Department of Justice Seal

Prepared Remarks of Attorney General John Ashcroft

Attorney General’s Awards Ceremony
July 17, 2002


Note: The Attorney General Often Deviates from Prepared Remarks)

      One of my great privileges as Attorney General is the opportunity I have to speak on occasions such as this – ceremonies that honor the men and women of justice and at the same time pay an unspoken tribute to the role of family in service to the nation.

      When justice honors its own, the hall is often filled – as it is today – with the husbands, wives, children and parents of the honorees. Your presence is a reminder that our service to our country is also a lesson to those around us. When we sacrifice for the cause of justice, we teach others that there are more important things than ourselves – causes and struggles and principles that transcend us; things that are worth sacrificing for. Welcome, and thank you for being here.

      This past year has been an extraordinary one for America, for the Department of Justice, for the men and women who serve here, and for the families we love and support. Last year, when I stood in this great hall and presided over my first Attorney General’s Awards ceremony, no one could have foreseen that the coming year would call us, not only to greater sacrifice for our country, but to a new way of serving our country.

      History has presented us with a new challenge: to identify, disrupt and destroy the terrorism that threatens our nation. To meet this challenge, we have been called to a new mission of justice that is rooted in cooperation, driven by excellence, secured by accountability and focused on a single, overarching goal: to prevent future terrorist attacks. This call echoes that of another time in American history, over a hundred years ago, when a great president appealed to the nation to rise up to the daunting task that lay before it.

      “The dogmas of the quiet past are inadequate to the stormy present,” Abraham Lincoln told Congress in 1862, just before issuing the Emancipation Proclamation. “The occasion is piled high with difficulty, and we must rise with the occasion. As our case is new, so we must think anew and act anew.”

       The past year, too, has been a year piled high with difficulty. And among the high honors of my life has been to witness the many ways in which the Department of Justice has risen to meet the challenge that history has placed before us. Last November, I announced a reorganization and mobilization of the Department of Justice to meet our new mission.

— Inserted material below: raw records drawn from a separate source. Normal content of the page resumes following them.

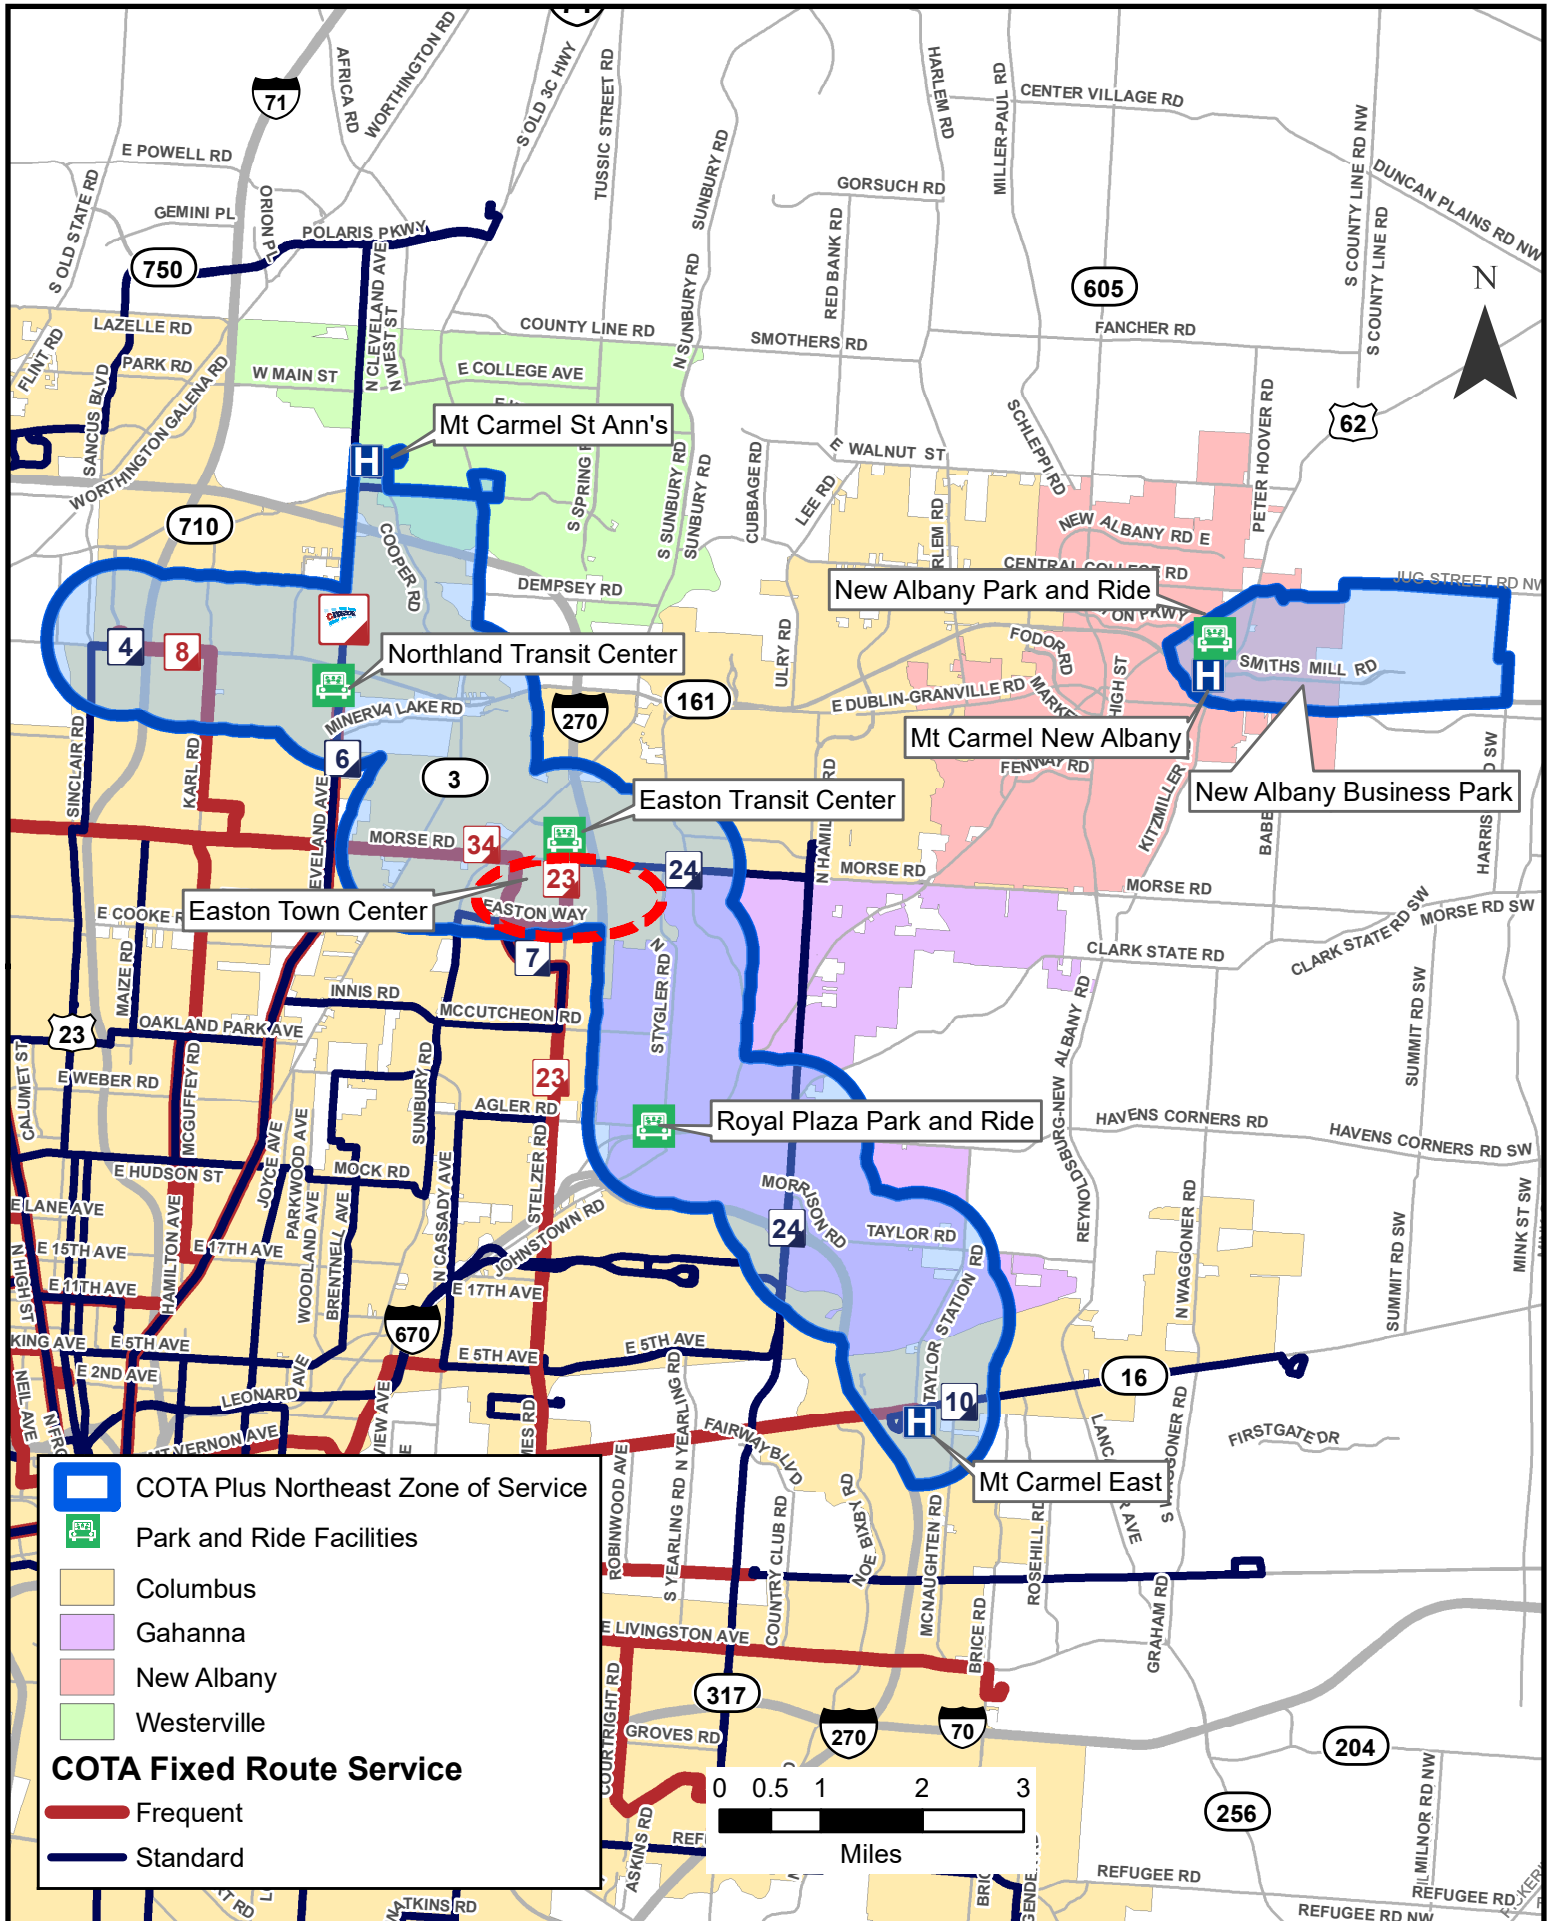

NORTHEAST ZONE OF SERVICE

COTA Plus Northeast Zone of Service

- COTA Plus Northeast Zone of Service
- Park and Ride Facilities
- Columbus
- Gahanna
- New Albany
- Westerville

COTA Fixed Route Service

- Frequent
- Standard

I called on the men and women of the Department to join me in re-dedicating ourselves to greater effectiveness, greater efficiency, and greater resolve in protecting the nation’s homeland.

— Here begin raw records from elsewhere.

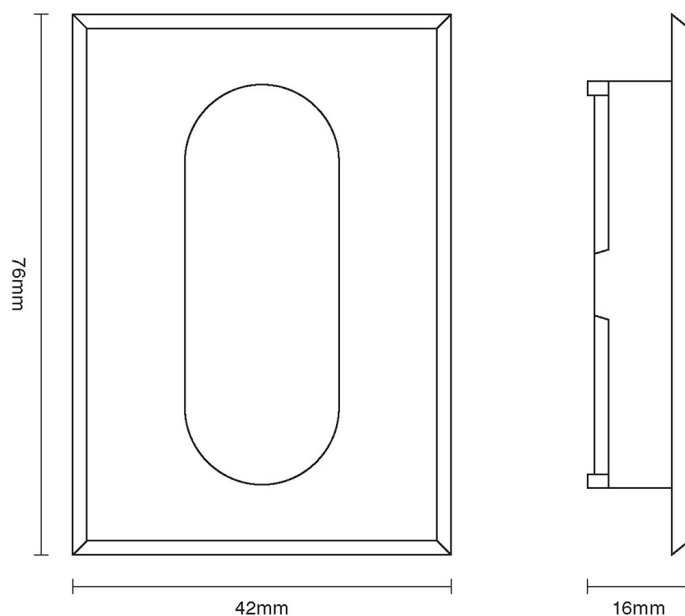

# CROFT

**Product Code:** 2130

**Product Name:** Bevelled Edge Flush Pull

**Description:** Part of our full range of sliding door furniture, our Bevelled Edge Flush Pull.

Shown here in our Distressed Oil Rubbed Bronze finish.

## Product Information

76 x 42mm

Available in all Croft finishes excluding RBMA, TB,

      Today, at this 50th Annual Attorney General’s Awards Ceremony, it is my great privilege to announce that the past eight months have seen great progress toward each of the ten goals we set forth in November.

– We’ve eliminated waste and retargeted our resources to better meet our terrorism prevention mission.
– We are demanding higher standards of accountability, and meeting those standards.
– We are attracting a diverse, high-quality workforce; improving our use of information technology; and forging more cooperative relationships with state and local law enforcement.
– Finally, we have initiated substantial restructuring and reform of the Federal Bureau of Investigation and the Immigration and Naturalization Service.

      Today is a day to acknowledge these accomplishments. And today is a day to express our most heartfelt thanks. All of the men and women of the Justice Department have been a part of the accomplishments of this past year. The awards that will be presented today honor merely a representative sample of the excellent work that has been done. More than 540 individuals were nominated for awards in 27 categories. Of these, 188 were selected to receive special recognition in this awards ceremony. Twenty award recipients are from outside the Department of Justice.

      This year’s Incentive Award’s Board and John Marshall Panel, which make recommendations to me on award recipients, had a particularly challenging task. My thanks are extended to the members of the board and to its chairman, Deputy Attorney General Larry Thompson, for their hard work and leadership.

      The Attorney General’s Awards are an opportunity to express our gratitude. But these awards serve also as an opportunity to look to the future. As is so often the case, I find myself on occasions such as this drawn back to the words of Abraham Lincoln.

      In his 1862 address, Lincoln sought to send a message to his fellow Americans that resonates to this day. As the Civil War took its destructive toll on the nation, Lincoln’s message was designed to be both inspiring and humbling; to remind his fellow citizens of the great privilege and great responsibility that fell to them as the nation endured its time of greatest testing.

      “Fellow citizens, we cannot escape history,” Lincoln said. “We ... will be remembered in spite of ourselves. The fiery trial though which we pass will light us down, in honor or dishonor, to the latest generation. We – even we here – hold the power and bear the responsibility.”

       We, too, cannot escape history and the challenge that history has put before us. All of us – each and everyone one of us – holds the power and bears the responsibility of defending the great, glorious, and eternal ideal of justice. I think you for wielding this power respectfully, and upholding this responsibility faithfully. May the fiery trial through which we now pass be of short endurance, and may our passage light us down in honor for generations of Americans to see.

      Thank you for our leadership. Thank your for your service. God bless you and God bless the United States of America.